DATA TO USE:
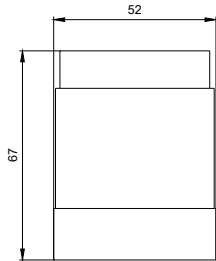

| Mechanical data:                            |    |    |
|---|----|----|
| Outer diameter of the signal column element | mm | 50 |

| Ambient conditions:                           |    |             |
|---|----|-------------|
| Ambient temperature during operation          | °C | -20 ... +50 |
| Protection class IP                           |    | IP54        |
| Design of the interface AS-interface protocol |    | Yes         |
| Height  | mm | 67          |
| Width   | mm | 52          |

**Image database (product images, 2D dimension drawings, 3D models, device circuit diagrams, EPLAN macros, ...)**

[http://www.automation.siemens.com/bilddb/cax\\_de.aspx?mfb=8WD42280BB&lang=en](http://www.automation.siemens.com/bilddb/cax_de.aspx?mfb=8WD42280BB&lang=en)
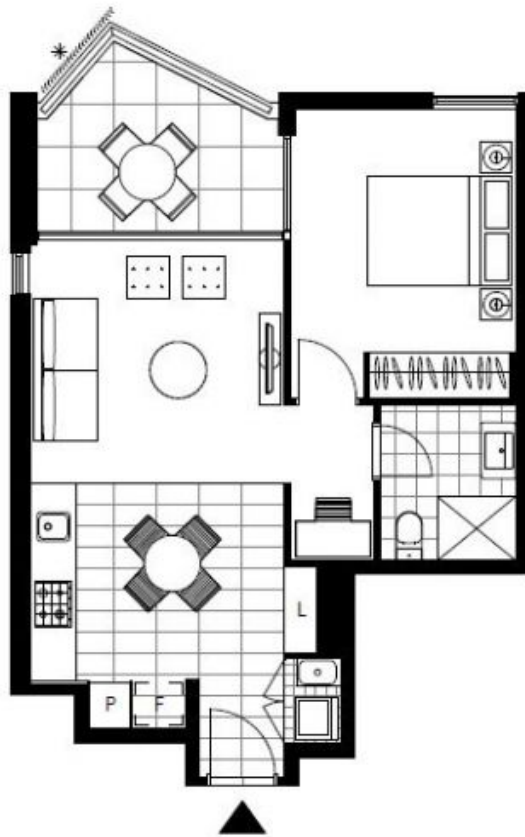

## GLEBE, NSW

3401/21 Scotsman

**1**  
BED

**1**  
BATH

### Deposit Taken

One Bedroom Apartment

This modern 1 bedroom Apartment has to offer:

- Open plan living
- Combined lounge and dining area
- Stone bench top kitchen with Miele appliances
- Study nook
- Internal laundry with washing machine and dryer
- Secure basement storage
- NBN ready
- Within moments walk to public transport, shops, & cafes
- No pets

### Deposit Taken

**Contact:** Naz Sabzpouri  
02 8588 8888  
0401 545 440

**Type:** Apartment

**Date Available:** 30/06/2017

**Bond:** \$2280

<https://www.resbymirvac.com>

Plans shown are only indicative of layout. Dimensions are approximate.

TASK REQUIREMENTS: Each line above that holds the string "Ambient" should be copied and shown.

SOLVED PROBLEM:
| Ambient conditions:                           |    |             |
| Ambient temperature during operation          | °C | -20 ... +50 |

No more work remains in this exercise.